The SNP data set came from 676 swine samples of 21 breeds. The data were collected from a Porcine Colonization of the Americas data set [1] and two data sets of pigs raised in Thailand [2], and Vietnam [3]. All data were put through a data cleansing step. However, there were still some missing values. Those were estimated by a single imputation method. The estimated values were modes of the three datasets that made up our entire dataset. Each sample contains 10,210 SNPs.
The details of each class are shown in the following table.

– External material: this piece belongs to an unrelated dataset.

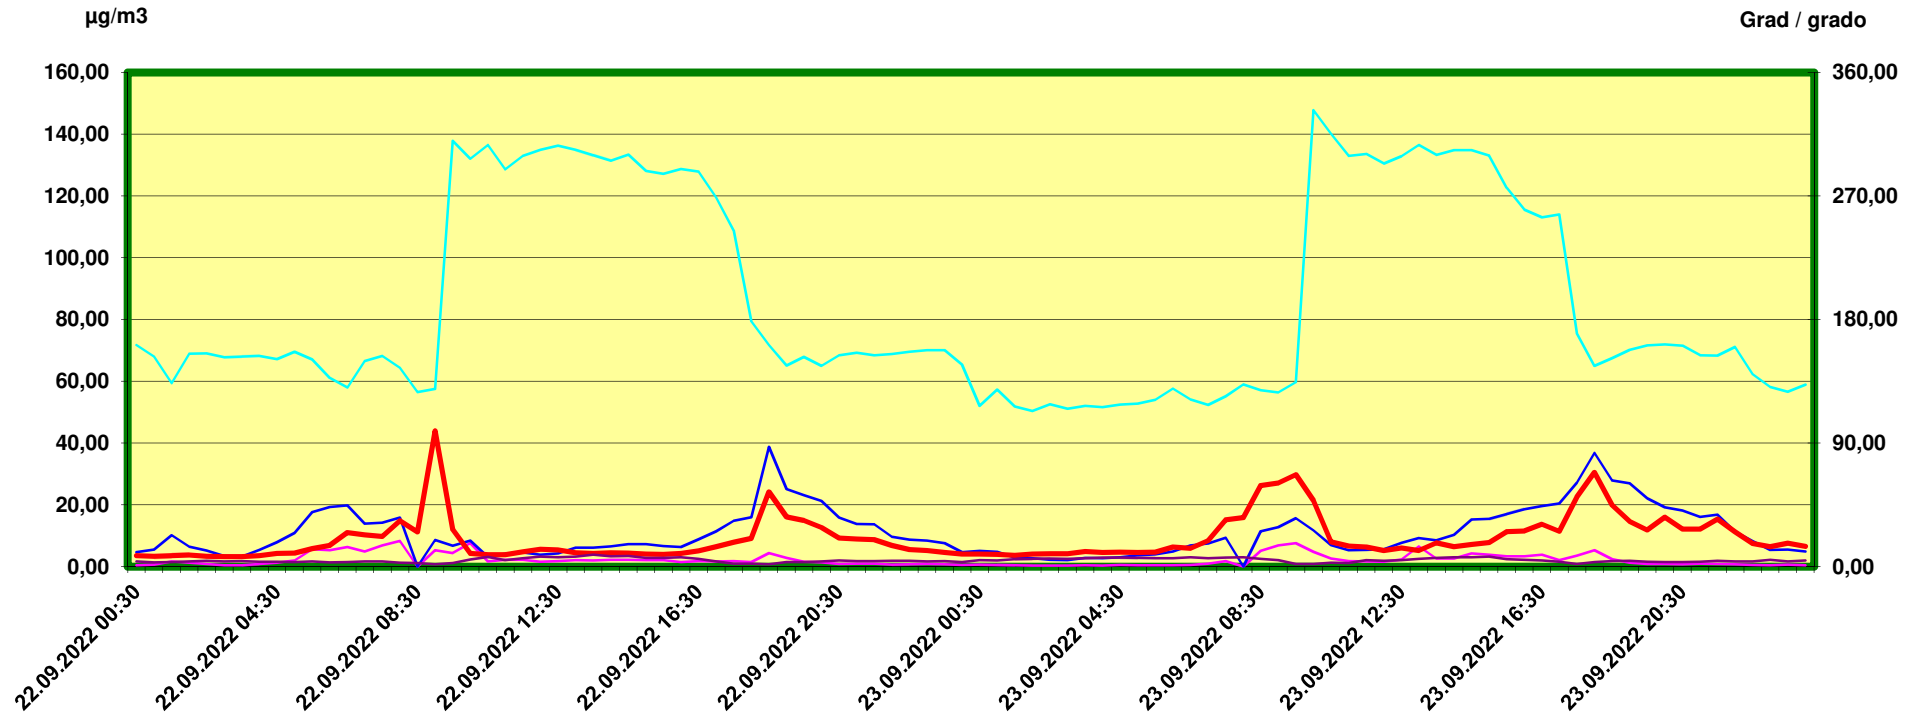

# Steinach Siegreith

Zeitraum / Periodo di tempo: 22-9-2022 00:30 - 23-9-2022 24:00

Unkorrigierte Werte / Valori non corretti

Class | Breed | Number of Sample |
---|---|---|
1 | Creole | 90 |
2 | Monteiro | 10 |
3 | Zungo | 10 |
4 | Jiangquhai | 11 |
5 | Jinhua | 16 |
6 | Meishan | 16 |
7 | Xiang pig | 11 |
8 | Iberian | 15 |
9 | Duroc | 44 |
10 | Landrace | 146 |
11 | Largewhite | 149 |
12 | Semi- feral | 10 |
13 | Wild boar | 13 |
14 | Yucatan | 10 |
15 | Mixed breed pig | 48 |
16 | Hampshire | 14 |
17 | Guinea hog | 15 |
18 | HU_TN | 11 |
19 | BA_ME | 11 |
20 | CP_SO | 12 |
21 | Bisaro | 14 |
Total | 676 |
If you are interested in further investigating your own study throughout this dataset, Please cite this article as:
Wanthanee Rathasamuth and Kitsuchart Pasupa, "A Modified Binary Flower Pollination Algorithm: A Fast and Effective Combination of Feature Selection Techniques for SNP Classification", In: Proceedings of the 11th International Conference on Information Technology and Electrical Engineering (ICITEE 2019), 10-11 October 2019, Pattaya, Thailand.
[1] Burgos-Paz, W., et al. (2013), "Porcine colonization of the Americas: a 60k SNP story," Heredity, 110(4):321-330.
[2] Tuangsithtanon, K (2019), "Population structure in porcine," Figshare, Dataset, https://doi.org/10.6084/m9.figshare.8830799.v1.
[3] Ishihara, S., et al. (2018), "Genetic relationships among Vietnamese local pigs investigated using genome‐wide SNP markers," Animal Genetics, 49(1): 86-89.